Recorded data:
___

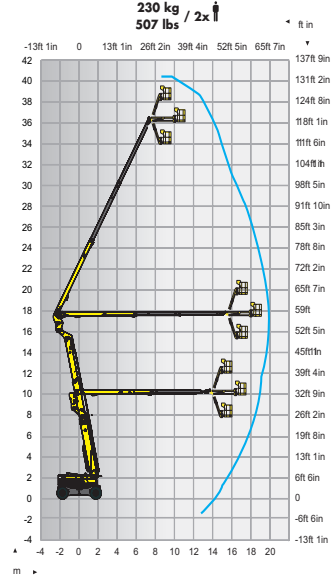

HA41 RTJ PRO

ARAZİ TİPİ EKLEMLİ PLATFORM

Haulotte

Teknik özellikler

HA41 RTJ PRO

Çalışma yüksekliği	41.5 m
Platform yüksekliği	39.50 m
Yatay erişim	20.1 m
Yatay erişimdeki maks. yükseklik	17.50 m
Zemin altına erişim	1.5 m
Kaldırma kapasitesi	230 kg
F x G Platform ölçüleri	2.44 x 0.91 m
H Kapalı Uzunluk	13.10 m
A Nakliye uzunluğu	11 m
B Genişlik	2.5 m
Akslar uzatılmışken genişlik	3.3 m
C Kapalı yükseklik	2.99 m
J Nakliye yüksekliği	3.73 m
Dikey jib bom hareketi	140° (+70°/-70°)
Sepet dönüş	180° (+90°/-90°)
Kule dönüş	360° kesintisiz
Kuyruk salınımı	3.88 m
D Aks merkezleri aralığı	3.50 m
E Yerden yükseklik	38 cm
Eğim	4°
Sürüş hızı	0.5 - 5 km/h
Tırmanma kabiliyeti	40 %
Dönme yarıçapı - aks uzatılmışken	5.74 m
Dolgulu lastikler	445/65-22.5
Motor gücü	PERKINS 55.5 kW - 74.5 hp (Avrupa) 62.4 kW - 84.9 hp (Avrupa Dışı)
Ağırlık	23 900 kg

Standart özellikler

- Uzatılabilir aks
- Engeli arazi kapasitesini arttıran diferansiyel tekerlek kilidi
- Konfor ve güvenliği arttıran oransal kumandalar
- 4 eşzamanlı hareketle en yüksek üretkenlik
- 230 kg / 500 lbs (2 kişi) yük kapasitesiyle kapasitesiyle her açıdan çalışma imkanı
- Askı çubuklu giriş kapısıyla genel modüler geniş platform
- Ultra sağlam plastikten alet tepsi ve üst kumanda kutusu koruma kapağı
- 110 / 220 V platforma giden güç (sepette dişi fiş)
- Hidrostatik şanzıman
- 45 km/sa - 28 mph'ye kadar rüzgarlarda güvenli kullanım
- Eğim ve yük için sesli ve ışıklı alarm
- Elektrikli pompa sistemi ve acil durumda indirme kumandaları (üst kumanda kutusu)
- 12 V akü
- Çekme kancaları
- Saat sayacı
- Düşük yakıt seviyesi göstergesi (üst kumanda kutusu)
- Işıklı göstergeli motor ön ısıtıcısı
- +/-10° sepet dengeleme
- Sürüş alarmı
- Sürüş uyarı lambası
- Geliştirilmiş dışa döndürülen motor tepsiyle kolay bakım
- Haulotte Activ'Shield™ Bar
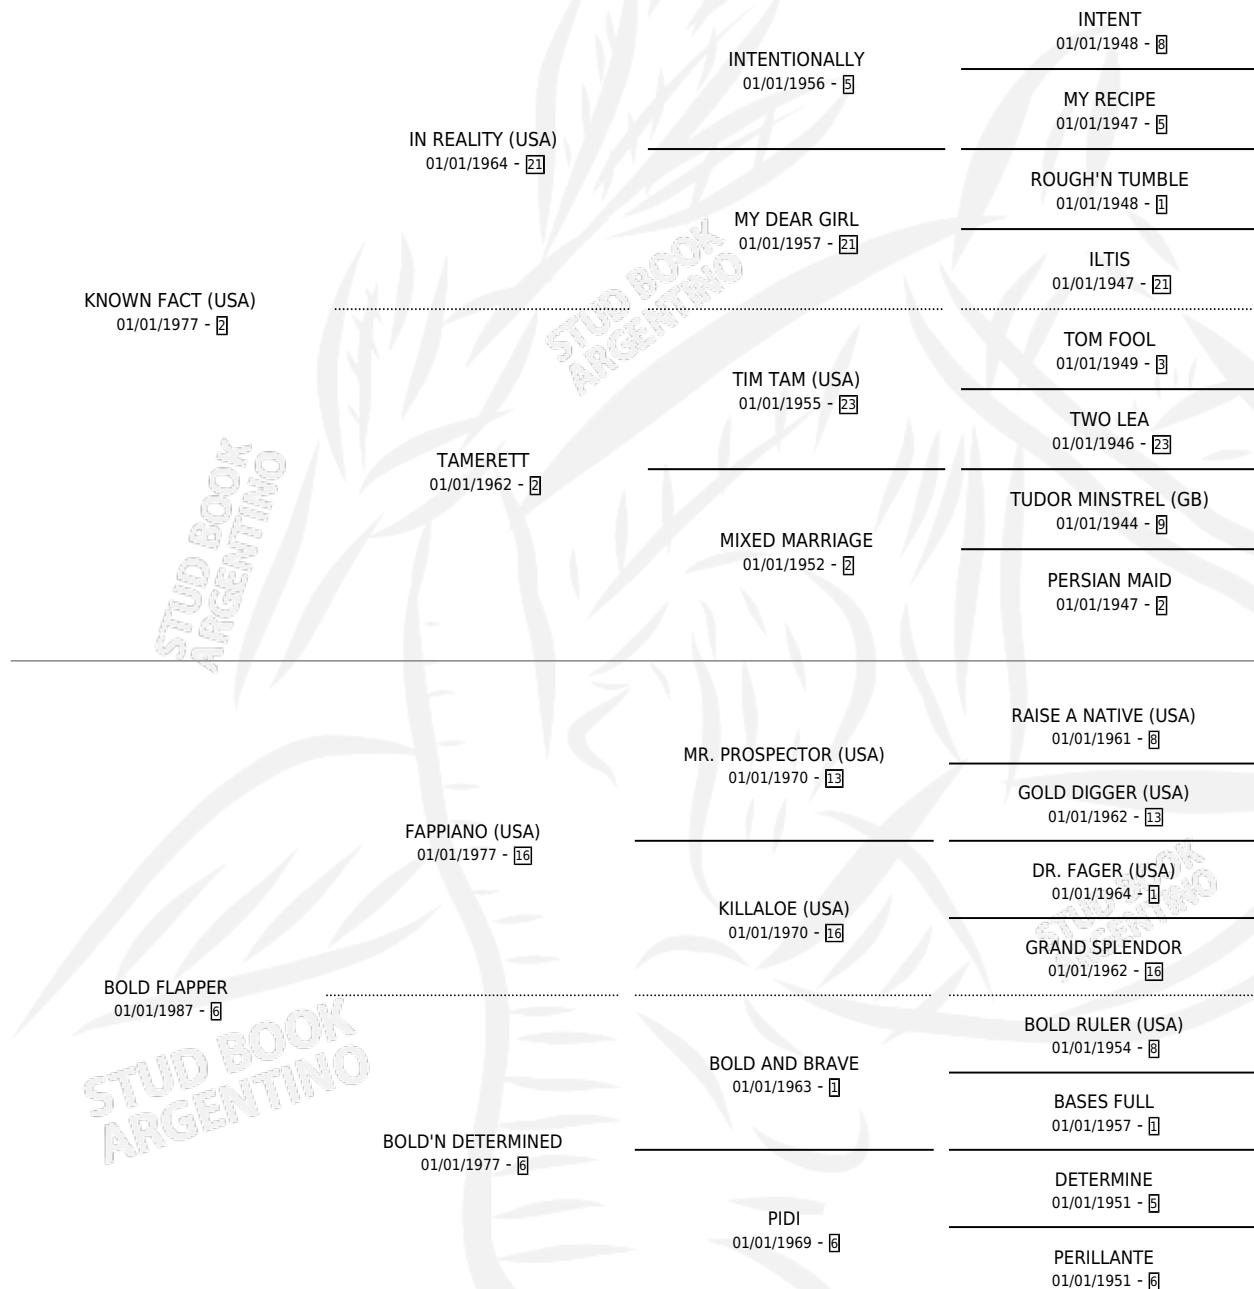

REVIL (USA)

por **KNOWN FACT (USA)** y **BOLD FLAPPER** por **FAPPIANO (USA)**

Estados Unidos · Macho · Zaino · SP · 09/05/1991
Familia 6-a · Volumen web

ESTADO

TIPIFICACIÓN SANGUÍNEA	✓
TIPIFICACIÓN POR ADN	✓
PASAPORTE	X
IDENTIFICACIÓN POR MICROCHIP	X
REPRODUCTOR	✓

Lugar de nacimiento: Estados Unidos

Criador: Extranjero

~

HIJOS

	MACHOS	HEMBRAS
158 NACIERON	78	80
97 CORRIERON	56	41
41 GANARON	28	13

0	0	0
GANADORES CL	GANADORES GR	GANADORES G1

PEDIGREE

EXPORTACIÓN / IMPORTACIÓN

FECHA	MOVIMIENTO	PAÍS
04/08/1992	IMPORTADO	ESTADOS UNIDOS

~

CAMPAÑA

Solo carreras oficiales de Argentina

POR EDAD

EDAD	CC	1°	2°	3°	4°	5°	NP	CLC	CLG	CLCG1	CLGG1	IMPORTE	GANANCIA / CC
3 AÑOS	1	0	0	1	0	0	0	0	0	0	0	\$1,125	\$1,125
4 AÑOS	8	3	1	3	1	0	0	0	0	0	0	\$20,052	\$2,507
TOTALES	9	3	1	4	1	0	0	0	0	0	0	\$21,177	\$2,353
%		33.3%	11.1%	44.4%	11.1%	0.0%	0.0%	0.0%	0.0%	0.0%	0.0%		
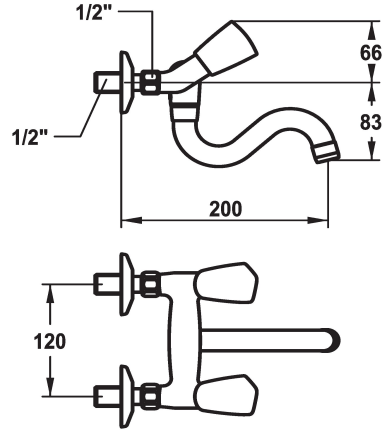

KWC STAR Bimando

Modell-Linie: STAR | K.11.42.12.000A69
Kranen | Eengreepkranen

KWC-No.

104090
chromeline, AD120

104094
chromeline, A 250, AD120, Afvoer onderaan

- * Tweegreepsmengkraan
- * Metalen grepen, afneembaar
- * Draaibare uitloop 180°
- Neoperl® Cascade®

Projectie A

A200

A250

- * Platte dichtingen M20 x 1.25
- roestvrijstalen klepzitting
- * Wandaansluitingen 1/2" x 1/2", niet afsluitbaar L 30

Technical Data

Doorstroomhoeveelheid

14 l/min (3 bar)

Uitloop

draaibaar

Kleurcode

chromeline

Type installatie

Wandmontage

Kraan type

Zweigriffmischer

Hoogteafmeting

120

Afmetingen wateruitlaat

83

Materiaal

Messing
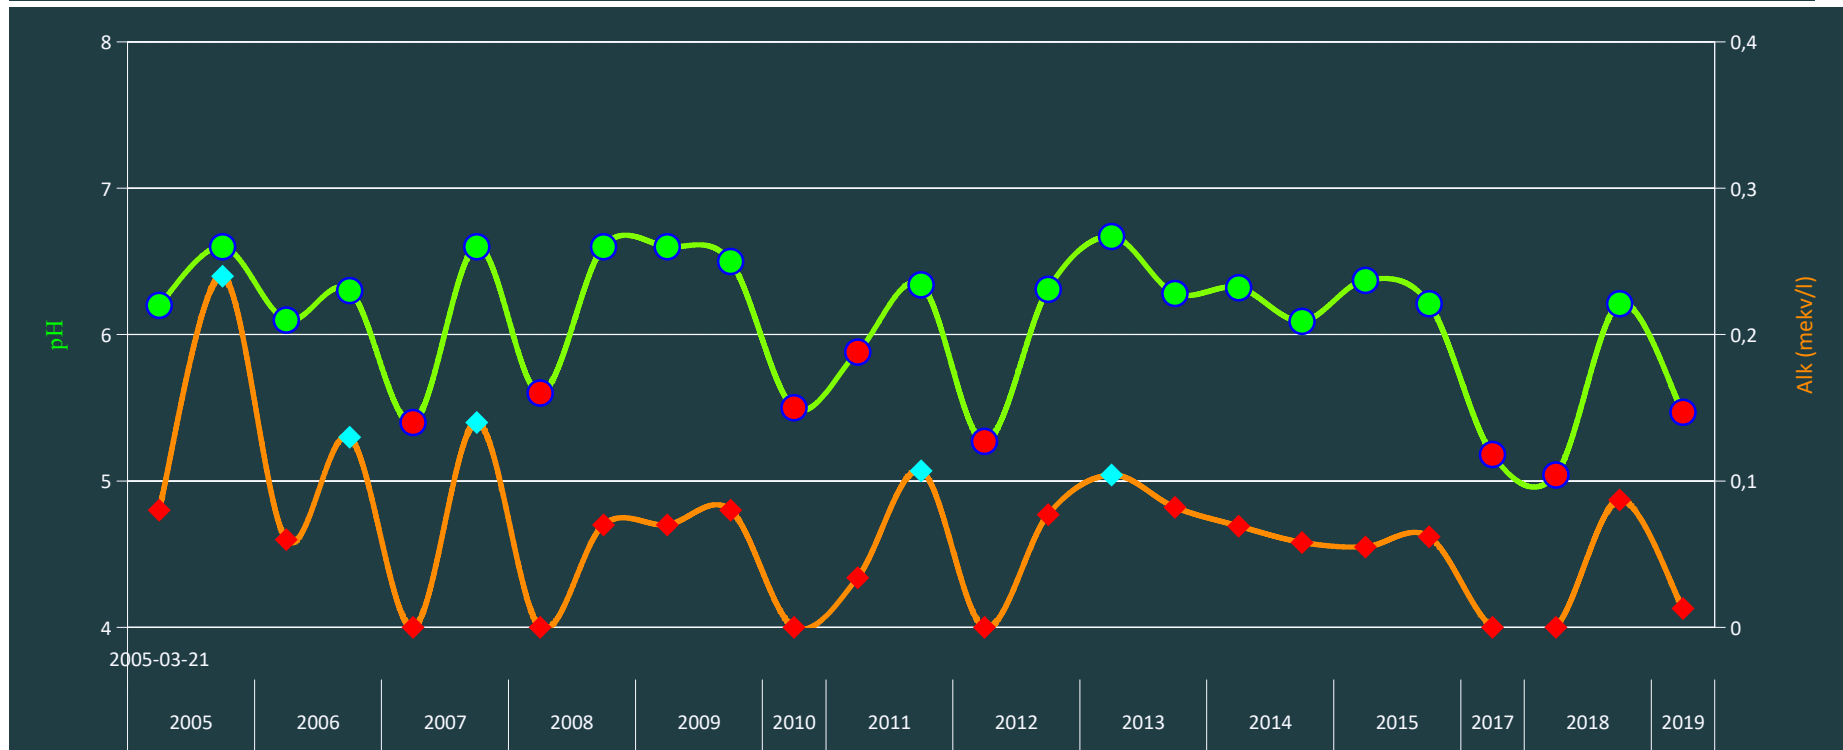

Kvarnasjön Mossebo

P702

Datum Flöde PH Alk Färg Anmärkning

2019-10-30	4	5,5	0,01	470
2018-12-05	3	6,2	0,09	310
2018-04-09	3	5,0	0,00	313
2017-12-02	4	5,2	0,00	480
2015-11-30	4	6,2	0,06	360

<i>Datum</i>	<i>Flöde</i>	<i>PH</i>	<i>Alk</i>	<i>Färg</i>	<i>Anmärkning</i>
2015-08-11	1	6,4	0,06	225	
2014-11-25	3	6,1	0,06	506	
2014-08-14	3	6,3	0,07	283	
2013-11-21	3	6,3	0,08	377	
2013-08-12	2	6,7	0,10	182	
2012-12-06	3	6,3	0,08	356	
2012-07-03	3	5,3	0,00	370	
2011-11-30	3	6,3	0,11	520	
2011-08-11	3	5,9	0,03	378	
2010-03-30	4	5,5	0,00	265	
2009-12-02	4	6,5	0,08	250	
2009-08-05	3	6,6	0,07	160	
2008-11-18	4	6,6	0,07	330	
2008-08-12		5,6	0,00	400	
2007-12-04	4	6,6	0,14	260	
2007-07-31	4	5,4	0,00	340	
2006-11-22	3	6,3	0,13	320	
2006-04-03		6,1	0,06	190	
2005-12-07		6,6	0,24	260	
2005-03-21		6,2	0,08	160	
2004-12-08		6,3	0,11	260	

<i>Datum</i>	<i>Flöde</i>	<i>PH</i>	<i>Alk</i>	<i>Färg</i>	<i>Anmärkning</i>
2004-03-19		6,1	0,10	180	
2003-12-04		6,4	0,18	160	
2003-04-09		7,1	0,35	130	
2002-11-06		7,1	0,36	160	
2002-04-25		6,8	0,13	120	
2001-11-29		6,7	0,26	240	
2001-04-25		6,5	0,15	160	
2000-10-04		6,9	0,19	140	
2000-04-12		6,7	0,23	130	
1999-10-04		5,7	0,06	280	
1999-04-22		6,2	0,12	220	
1998-12-15		6,3	0,15	280	
1998-04-22		6,7	0,20	160	
1997-10-29		6,9	0,30		
1997-04-10		6,8	0,22		
1996-09-26		7,0	0,23		
1996-04-15		6,6	0,22		
1995-02-20		5,5	0,02	200	
1994-10-27		6,5	0,14	200	
1994-02-24		5,3	0,03	150	
1993-11-01		6,3	0,10	175	

<i>Datum</i>	<i>Flöde</i>	<i>PH</i>	<i>Alk</i>	<i>Färg</i>	<i>Anmärkning</i>
1993-02-16		5,6	0,02	110	
1992-11-03		6,8	0,27	180	
1992-02-13		6,2	0,06	180	
1991-10-31		6,8	0,24	240	
1991-02-19		5,2	0,00	150	
1990-11-06		6,4	0,11	220	
1990-02-13		6,6	0,12	160	
1989-11-15		7,3	0,44	160	
1989-02-15		6,1	0,03	120	
<i>Sammanfattning av 'Lokal-ID' = P702 (56 detaljposter)</i>					
Medel		6,3	0,12	249	
Min		5,0	0,00	110	
Max		7,3	0,44	520	
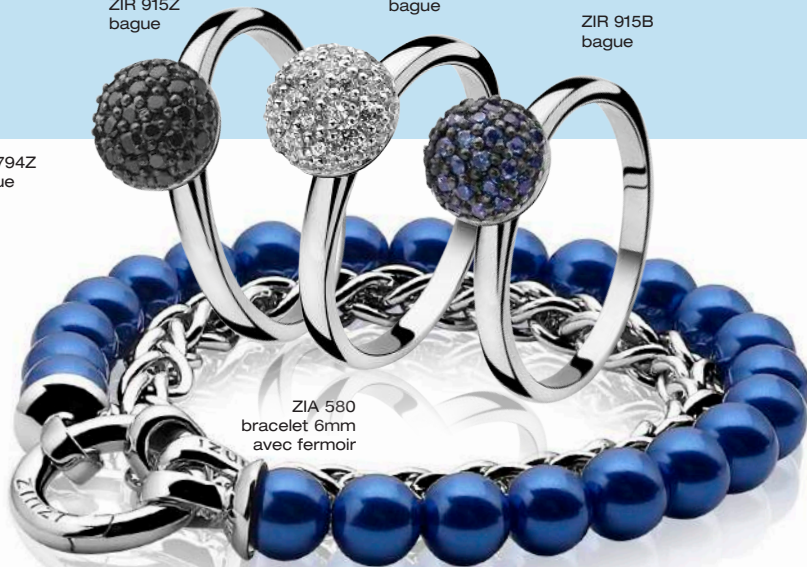

Pendants pour cr oles

ZICH 915B

ZIR 794B  
bague

ZIR 794Z  
bague

ZIR 915Z  
bague

ZIR 915  
bague

ZIR 915B  
bague

ZIA 580  
bracelet 6mm  
avec fermoir

ZIA 401BL  
bracelet perle 19cm  
sans fermoir

Disponible en  
noir [ZIA 401Z]

ZIA 931Z  
bracelet 6mm

Argent rhodié 925 millièmes. Toutes les pierres présentées sur cette page sont en oxyde de zirconium
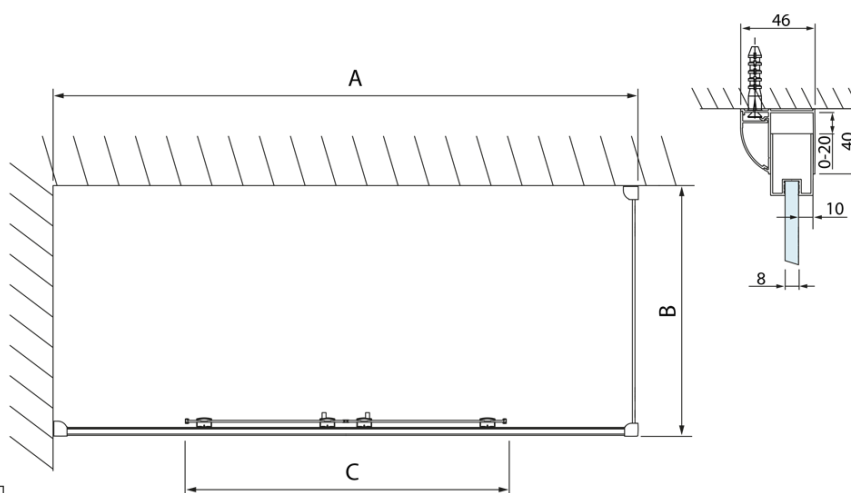

Kod: DL3215

Podstawowe informacje

Marka: Polysan
Seria: LUCIS LINE

Rozmiary

Wysokość: 2000 mm
Głębokość: 700 mm

Właściwości

Kolor profilu: Chrom - Aluminium polerowane
Kształt: Ścianka stała do drzwi prysznicowych
Rodzaj szkła: Szkło czyste
Wykończenie szkła: Antidrop
Grubość szkła: 8 mm
Waga / szt.: 25.99 kg
Opakowanie: 1 szt.
Gwarancja: 2 lata

Karta techniczna

Model	A	C
DL4215	1470-1510	560
DL4315	1570-1610	610

Model	B
DL3215	670-690
DL3315	770-790
DL3415	870-890
DL3515	970-990

Model	A	C
DL2715	770-810	575
DL2815	870-910	675

Model	B
DL3215	670-690
DL3315	770-790
DL3415	870-890
DL3515	970-990

Model	A	C	D
DL1015	970-1010	375	~437
DL1115	1070-1110	425	~487
DL1215	1170-1210	475	~537
DL1315	1270-1310	525	~587
DL1415	1370-1410	575	~637

Model	B
DL3215	670-690
DL3315	770-790
DL3415	870-890
DL3515	970-990

___

* [Aim of the exercise] Filter the entries above and return only the lines holding "yüksekliği".

* [Task response]
Çalışma yüksekliği	41.5 m
Platform yüksekliği	39.50 m
J Nakliye yüksekliği	3.73 m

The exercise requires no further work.